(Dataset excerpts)
◆ ◆ ◆ ◆ ◆ ◆ ◆

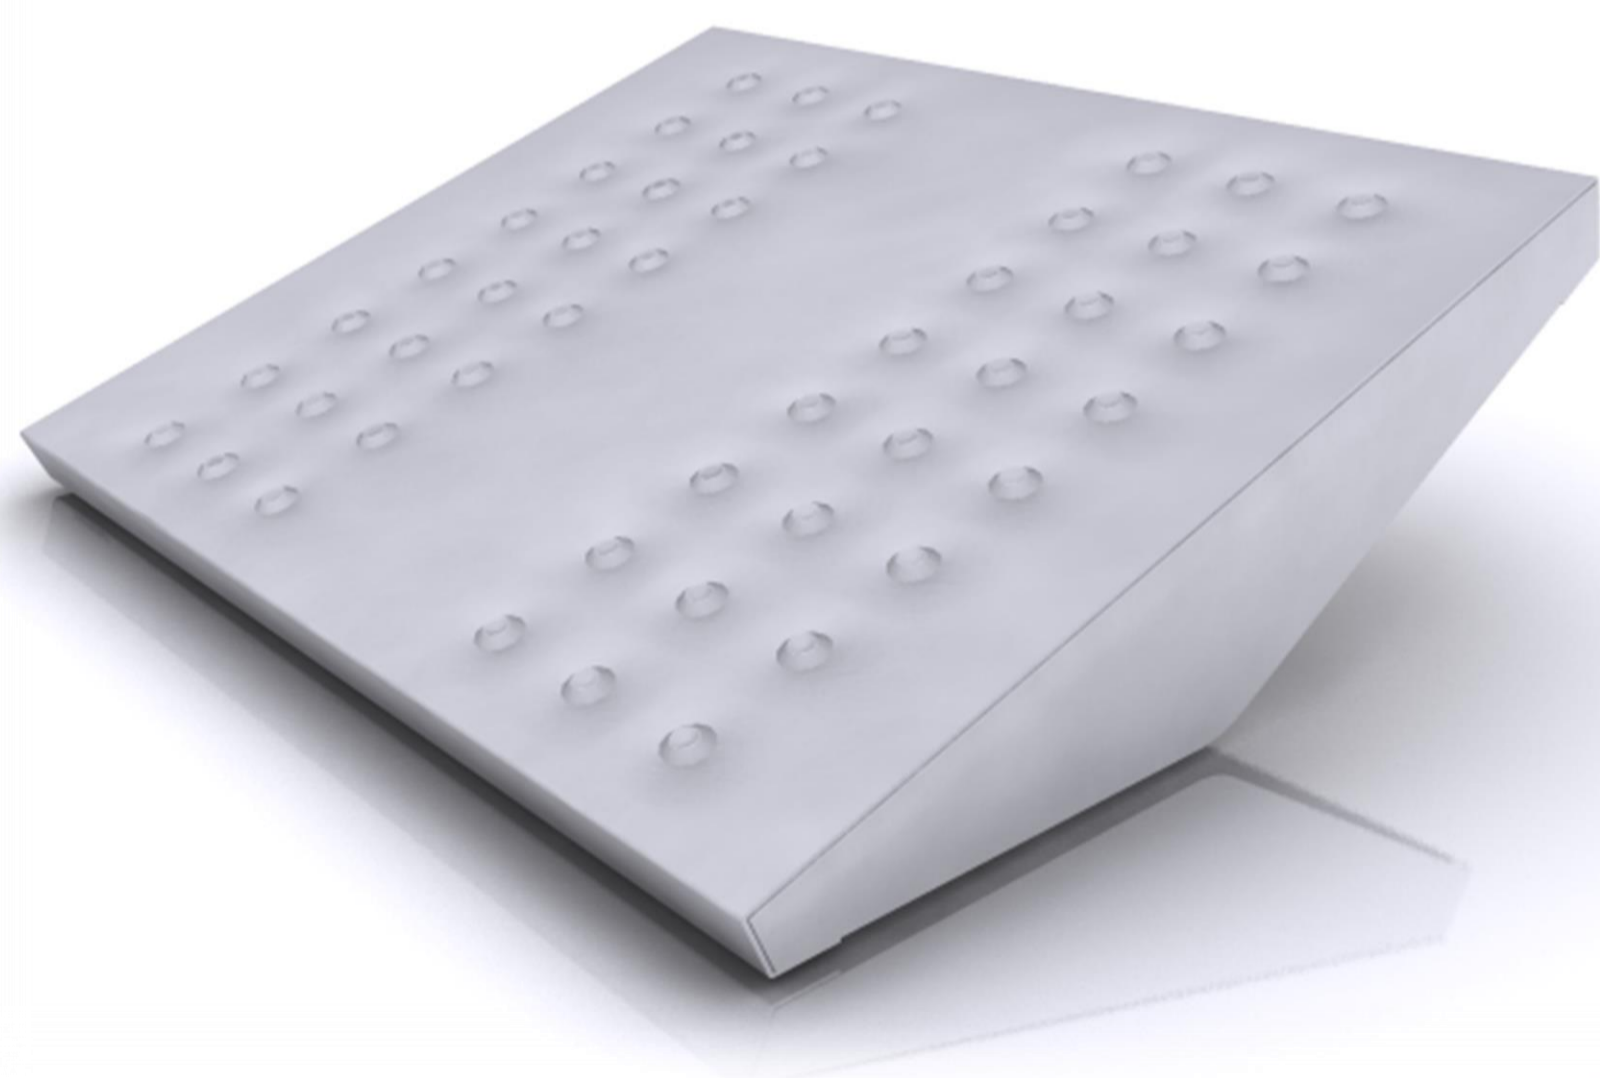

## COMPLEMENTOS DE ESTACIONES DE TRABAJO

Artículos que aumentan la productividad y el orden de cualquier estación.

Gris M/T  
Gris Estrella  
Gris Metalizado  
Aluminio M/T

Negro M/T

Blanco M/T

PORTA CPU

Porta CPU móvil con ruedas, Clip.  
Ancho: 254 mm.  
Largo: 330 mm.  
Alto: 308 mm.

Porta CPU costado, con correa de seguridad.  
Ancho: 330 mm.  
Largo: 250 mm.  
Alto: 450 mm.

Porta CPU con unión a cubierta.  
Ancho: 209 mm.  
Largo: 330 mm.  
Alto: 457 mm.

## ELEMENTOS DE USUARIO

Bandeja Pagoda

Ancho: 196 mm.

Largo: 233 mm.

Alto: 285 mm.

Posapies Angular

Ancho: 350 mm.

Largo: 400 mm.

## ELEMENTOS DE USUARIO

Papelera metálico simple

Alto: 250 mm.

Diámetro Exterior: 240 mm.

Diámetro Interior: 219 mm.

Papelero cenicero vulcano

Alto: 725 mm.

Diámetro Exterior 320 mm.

◆ ◆ ◆ ◆ ◆ ◆ ◆

Could you write the entries out again exactly, without their pictures?

**Problem solution**
## COMPLEMENTOS DE ESTACIONES DE TRABAJO

Artículos que aumentan la productividad y el orden de cualquier estación.

Gris M/T  
Gris Estrella  
Gris Metalizado  
Aluminio M/T

Negro M/T

Blanco M/T

PORTA CPU

Porta CPU móvil con ruedas, Clip.  
Ancho: 254 mm.  
Largo: 330 mm.  
Alto: 308 mm.

Porta CPU costado, con correa de seguridad.  
Ancho: 330 mm.  
Largo: 250 mm.  
Alto: 450 mm.

Porta CPU con unión a cubierta.  
Ancho: 209 mm.  
Largo: 330 mm.  
Alto: 457 mm.

## ELEMENTOS DE USUARIO

Bandeja Pagoda

Ancho: 196 mm.

Largo: 233 mm.

Alto: 285 mm.

Posapies Angular

Ancho: 350 mm.

Largo: 400 mm.

## ELEMENTOS DE USUARIO

Papelera metálico simple

Alto: 250 mm.

Diámetro Exterior: 240 mm.

Diámetro Interior: 219 mm.

Papelero cenicero vulcano

Alto: 725 mm.

Diámetro Exterior 320 mm.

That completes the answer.